Amber is confident she will pay off her home within a few years and hopes to purchase a plot of land for herself, with aspirations of setting up a bigger tiny home model and using her current home as an investment for city-dwellers looking to have a short-term stay in the countryside.

“I’d never be able to save to buy land if I was living in suburbia. I would’ve been 70 and on my way into a home before I could afford it,” she said.

“I can’t get over the amount of rent, even for people on a low income, just to keep a shelter over your head. It’s not sustainable.”

Her situation is not unique.

Rents are high and the number of properties available are at an all-time low. Experts say that’s not going to change anytime soon. Buying a home presents its own challenges as values remain high, deposits are out of reach and the cost of a mortgage pushes people into debt for longer.

Five million, or 29 per cent of Aussie loan-holders were at risk of mortgage stress in July this year, according to Roy Morgan research.

Amber is part of a growing chorus who argue tiny homes are “an answer to the housing crisis”.

Tiny homes vs Councils: Regulation clash

Tackling the housing crisis will take far more than tiny houses to control.

But it does offer an interesting relief point for people with less money.

The transition does pose some wider challenges. Some owners have struggled with council regulations, which include requirements for things like the ceiling height of a permanent dwelling, down to how waste and water supply is managed.

The difficulty is that local laws can differ from council to council and advocates argue a lack of uniformity hampers the innovative practice, which has been used to help in disaster situations like bushfires or crisis accommodation.
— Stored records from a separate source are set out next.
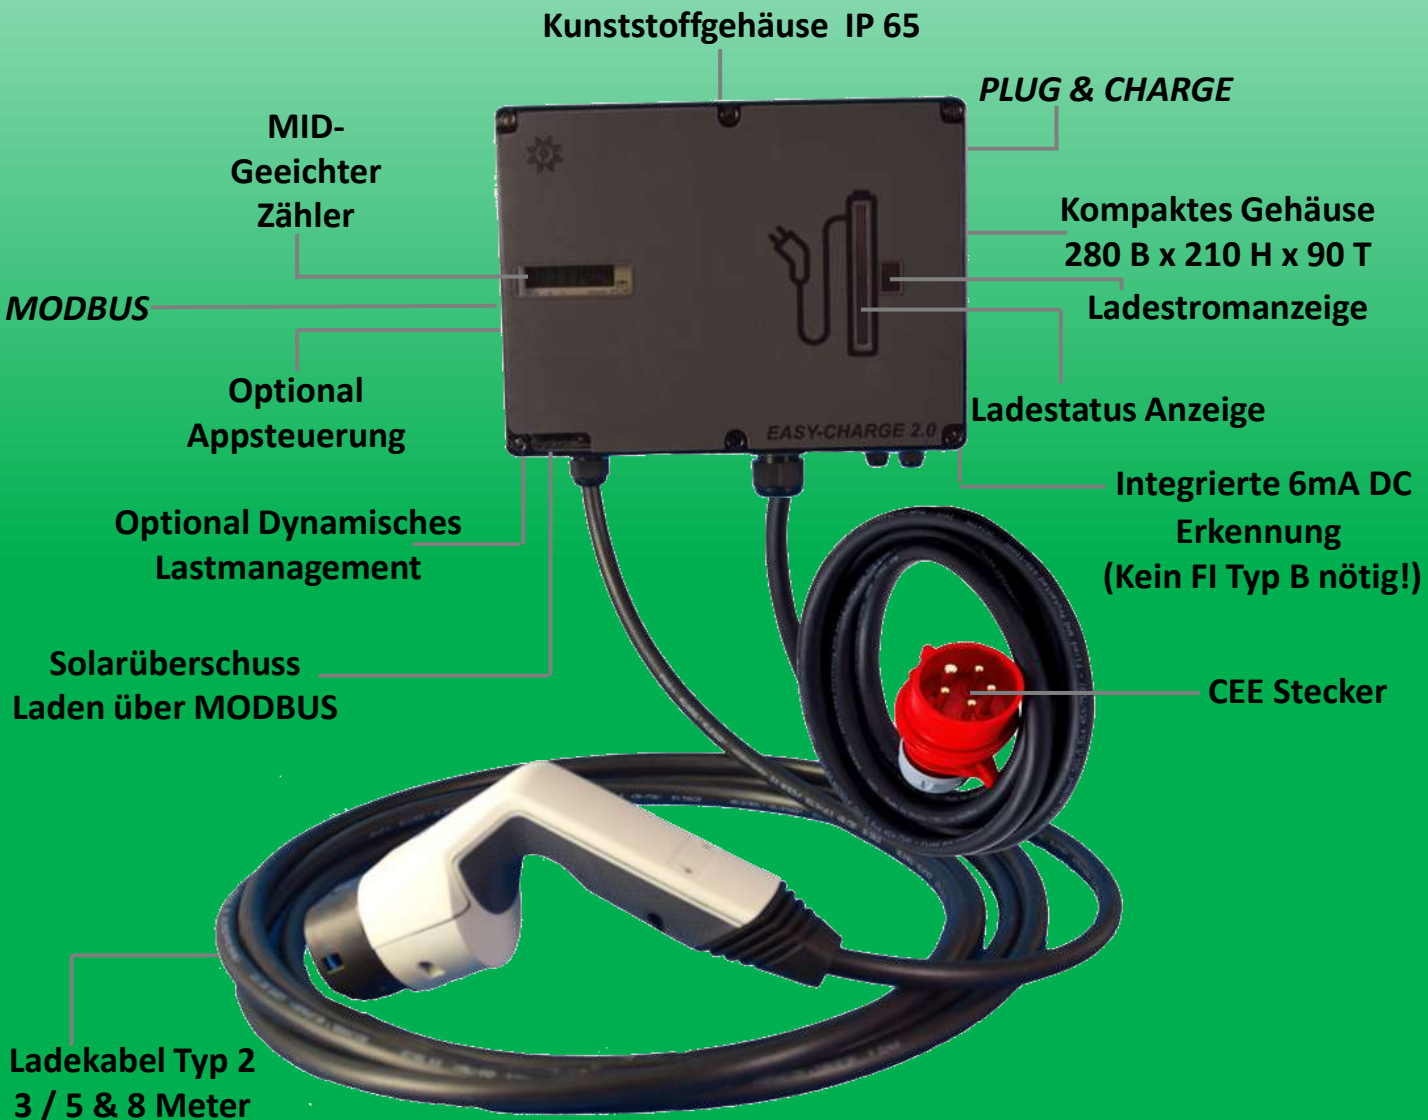

SKU : 0001186

SKU Steele: 0001166

ab 589,99,-
inkl. 19% MwSt.

evcc
Kompatibel ✓

Keyfacts / Highlights Blackbox-Duo

BLACKBOX – DUO

- 2 Ladepunkte zu je max. 11 KW
- 6mA DC-Schutz
- 11 KW
- Optional MID-Geeichter Zähler
- Statisches Lastmanagement
- 5-Stufig 6A / 8A / 10A / 13A / 16A
- Typ 2 Ladekabel in 3m, 5m oder 8m
- IP 65 zum Dauerhaften Betrieb im Freien
- Schlüsselschalter
- PLUG & CHARGE
- Modulare Bauweise
- Schuko Steckdose

SKU : 0001178

SKU Steele: 0001166

ab 579,99,-
inkl. 19% MwSt.

FBT
NEW - ENERGY - SOLUTION

Keyfacts / Highlights Easy-Charge 2.0

EASY-CHARGE 2.0

- 6mA DC-Schutz
- 11 KW oder 22 KW
- MID-Geeichter Zähler
- Solarüberschussfähig (MODBUS)
- MODBUS
- Statisches Lastmanagement
- Ready für dynamisches Lastmanagement
- Typ 2 Ladekabel in 3m, 5m oder 8m
- IP 65 zum Dauerhaften Betrieb im Freien
- Schlüsselschalter
- PLUG & CHARGE
- Modulare Bauweise

SKU 11 KW: 0001152
SKU 22 KW: 0001164
SKU inkl. Stele: 0001152a

ab 659,-
inkl. 19% MwSt.

Keyfacts / Highlights Easy-Charge 2.0 Plug & Play

EASY-CHARGE 2.0 PLUG & PLAY

Inbetriebnahme ohne Elektriker zum Einstecken in die
16A oder 32A CEE-Steckdose

Conventional strategies including subsidies for first home buyers or relaxed planning controls have not been effective in “solving the complex challenges of a seriously dysfunctional housing market”, according to Griffith University’s Cities Research Institute.

Researchers surveyed planners around Australia and found many were willing to join the process of developing and regulating the tiny home movement.

“We need to experiment with new approaches to housing, and learn as we go,” they said.